Efeitos da Restrição Aguda de Carboidratos no Fígado e no Metabolismo: Uma Comparação entre Dietas Hipocalóricas e Isocalóricas

Um estudo clínico conduzido por pesquisadores da Universidade de Copenhague revelou que a simples substituição de carboidratos por gordura na dieta — sem necessidade de cortar calorias — pode promover efeitos metabólicos positivos em poucos dias. Publicado no Journal of Clinical Endocrinology & Metabolism, o ensaio clínico randomizado demonstrou que apenas dois dias de dieta com baixo teor de carboidratos e alto teor de gordura (LCHF) foram suficientes para reduzir significativamente a gordura acumulada no fígado e melhorar vários marcadores de saúde metabólica.

Por que isso importa?

O acúmulo de gordura no fígado (esteatose hepática) está fortemente relacionado à resistência à insulina, risco cardiovascular e progressão para doenças hepáticas mais graves. Intervenções capazes de reduzir rapidamente a gordura hepática e melhorar o perfil metabólico são de grande interesse, especialmente para pessoas com sobrepeso ou obesidade.

Metodologia do estudo

Foram incluídos 15 adultos com sobrepeso ou obesidade (IMC entre 25 e 40 kg/m²), sem diabetes e com risco baixo de fibrose hepática. Cada participante passou por três intervenções dietéticas distintas, com duração de dois dias cada:

  • CON (dieta controle): padrão alimentar comum da população.
  • VLCD (very-low calorie diet): dieta hipocalórica severa com 60g de carboidratos por dia.
  • LCHF (low-carb, high-fat): mesma quantidade de carboidratos (60g/dia), mas com energia mantida via aumento de gordura.

Após cada intervenção, foram realizadas medições detalhadas da composição corporal, gordura hepática, glicemia, insulina e perfis lipídicos, em jejum e após refeição padrão.

Resultados positivos da dieta LCHF

1. Redução significativa da gordura hepática

  • A dieta LCHF reduziu o conteúdo de gordura no fígado em 16% em apenas 48 horas (p=0,020).
  • Isso ocorreu sem perda de peso relevante, indicando que o efeito se deve à modulação dos macronutrientes e não à restrição calórica.

2. Melhora no perfil glicêmico e na sensibilidade à insulina

  • A dieta LCHF reduziu a glicemia de jejum (−0,2 mmol/L; p=0,033) e os níveis de insulina (−19%; p=0,022).
  • O índice HOMA-IR (resistência insulínica) também caiu significativamente (−17%; p=0,025).
  • A taxa de depuração de insulina hepática foi 14% maior, sugerindo melhora na função hepática em relação à insulina.

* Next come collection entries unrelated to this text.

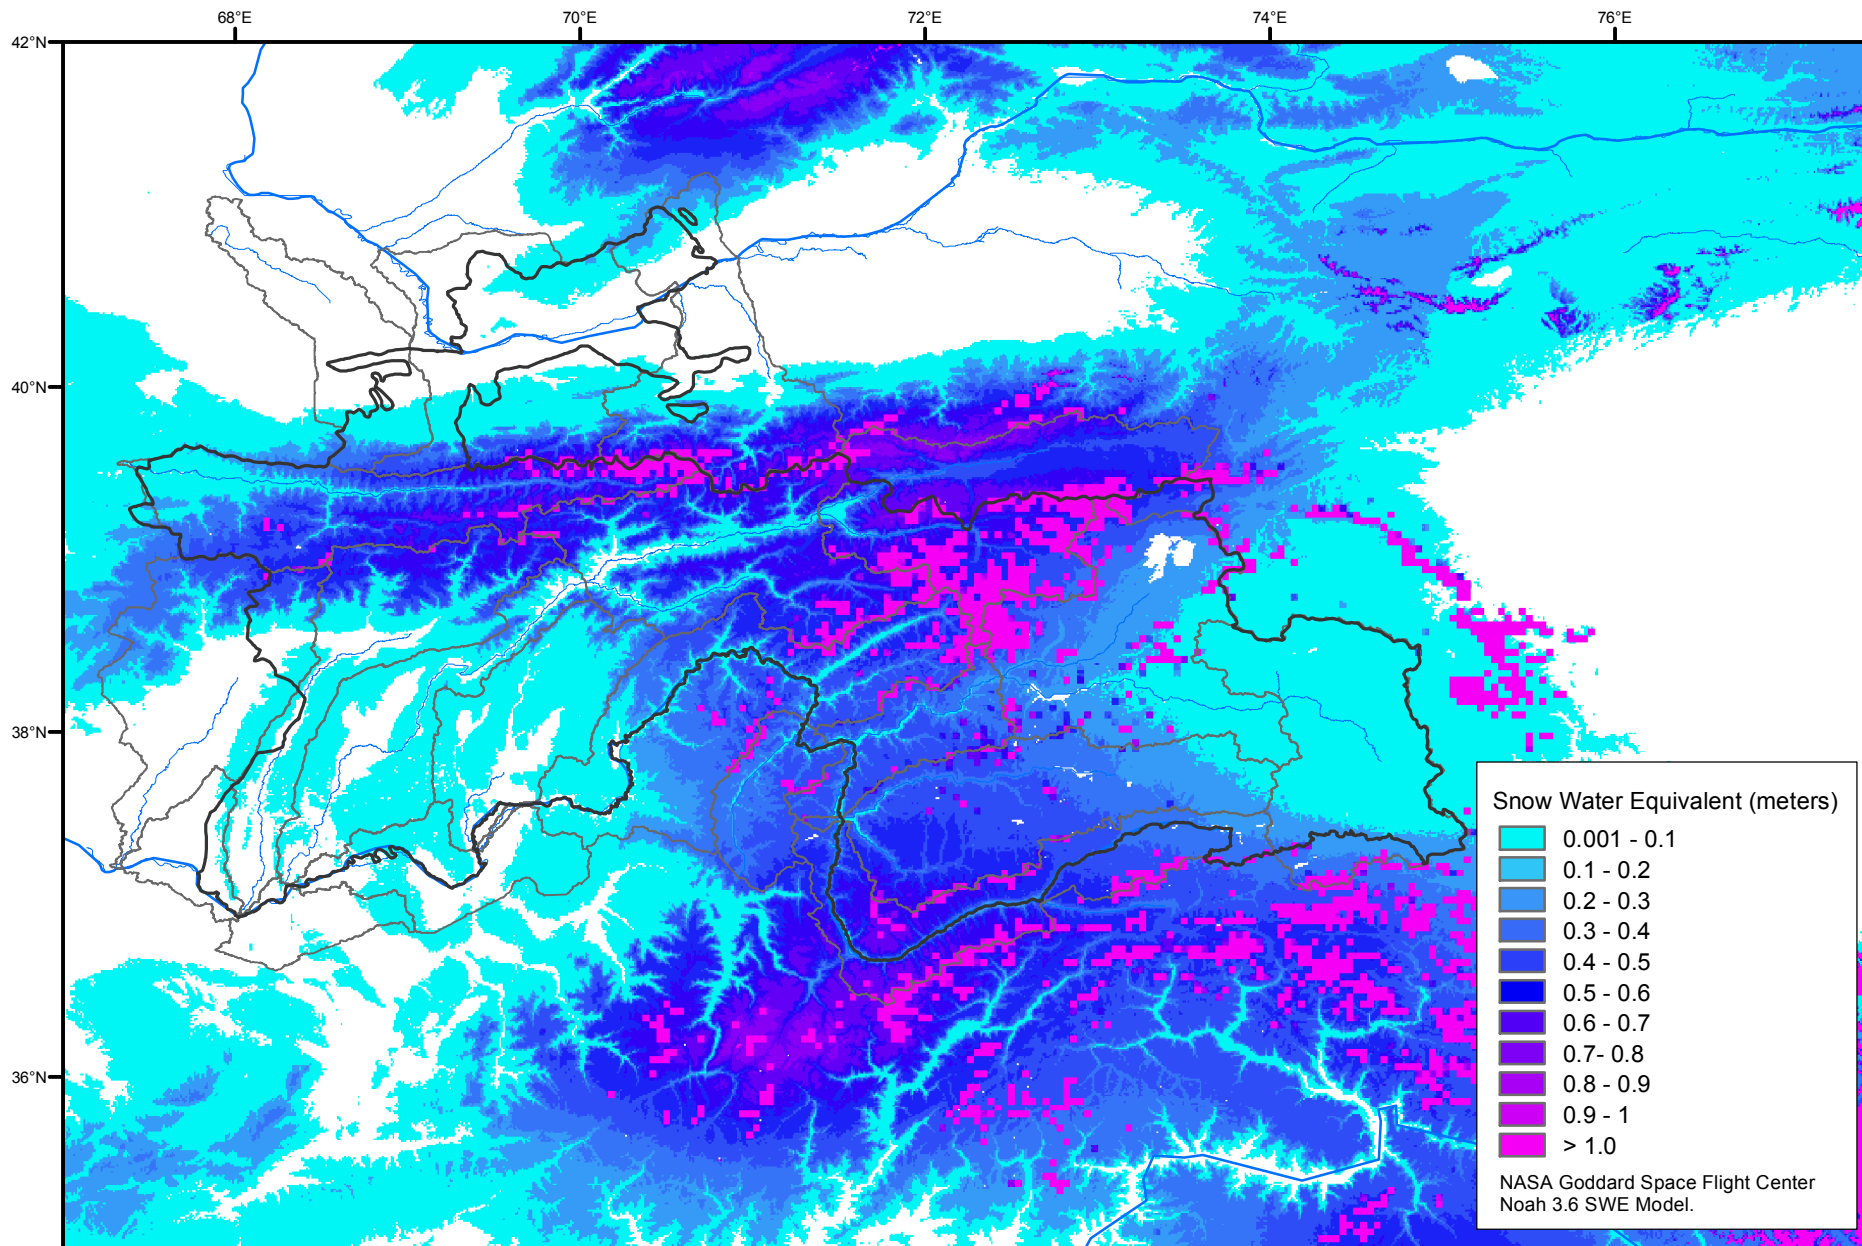

Snow Water Equivalent by Basin

March 14, 2001

Map created by USGS/EROS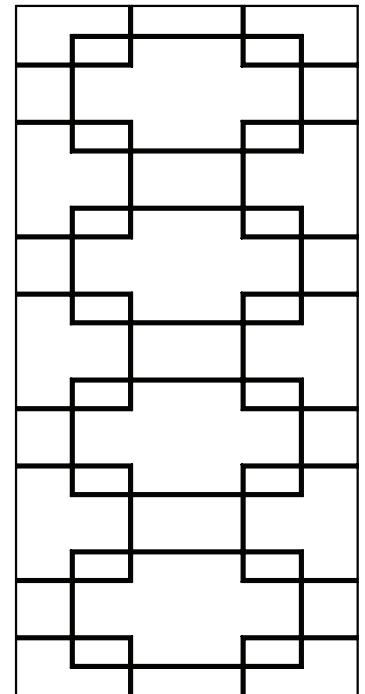

panel thickness

- 9mm (9)
- 12mm (12)

CODE

SIZE

LIST

	W	H	9mm	12mm
HWG4795-HRZ_ _	47	95	\$ 716	\$ 886

RECTANGLES

patterned together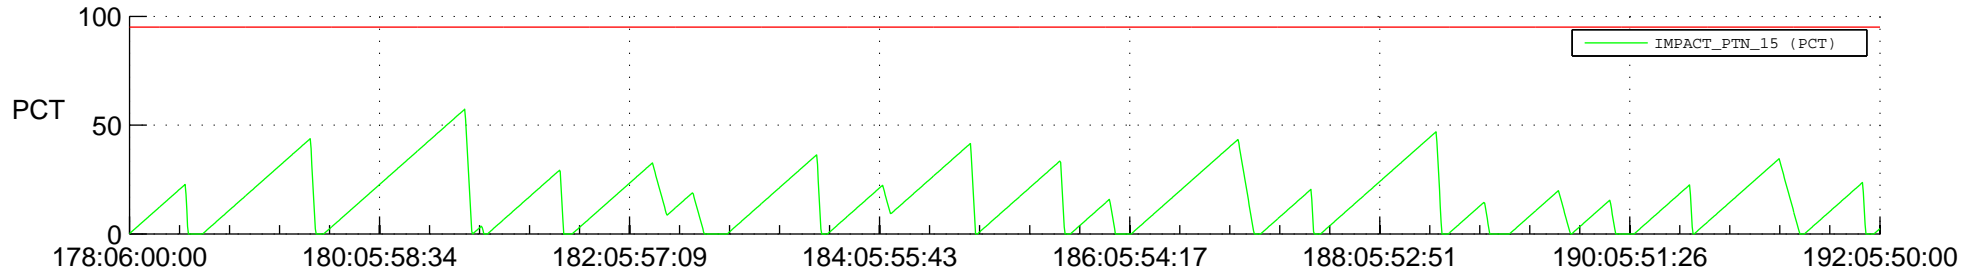

IMPACT_Percent_Full_Prediction

3. Queda expressiva nos triglicerídeos em jejum

  • Os níveis de triglicerídeos plasmáticos caíram em 48% após a LCHF (p<0,001).
  • O colesterol da fração VLDL também caiu em 52%, sinalizando redução do risco cardiovascular.

4. Elevação do HDL

  • A fração HDL do colesterol aumentou em 8% após a LCHF (p=0,023), reforçando o efeito benéfico sobre o perfil lipídico.

5. Aumento na oxidação de gordura e na produção de corpos cetônicos

  • A LCHF promoveu maior uso de gordura como fonte de energia (queda no RER) e aumento nos níveis de beta-hidroxibutirato (+53%; p=0,001).
  • Isso indica que o corpo entrou em estado de cetose leve, associado a benefícios metabólicos.

Comparativo com a dieta hipocalórica (VLCD)

Embora a VLCD também tenha promovido redução da insulina, triglicerídeos e HOMA-IR, não reduziu a gordura hepática de forma significativa em 48 horas. Isso sugere que, ao menos no curto prazo, a substituição de carboidratos por gordura pode ser mais eficaz do que simplesmente reduzir calorias, quando o objetivo é melhorar rapidamente a saúde hepática.

Conclusão: gordura no lugar de carboidrato pode ser benéfica — se for com qualidade e controle

O estudo reforça que não é necessário reduzir calorias para obter efeitos metabólicos positivos. Ao manter a ingestão energética e trocar carboidratos por gordura (preferencialmente de boa qualidade), é possível:

  • Reduzir a gordura hepática rapidamente
  • Melhorar a sensibilidade à insulina
  • Corrigir dislipidemias
  • Estimular a queima de gordura corporal

Esses resultados fortalecem a evidência em favor de estratégias nutricionais que restringem carboidratos de forma controlada e mantêm o aporte calórico adequado, como dietas cetogênicas bem formuladas ou abordagens low carb isocalóricas. Ainda que os efeitos observados sejam agudos, eles representam um potencial mecanismo terapêutico promissor para a reversão precoce da esteatose hepática e melhora do metabolismo em indivíduos com excesso de peso.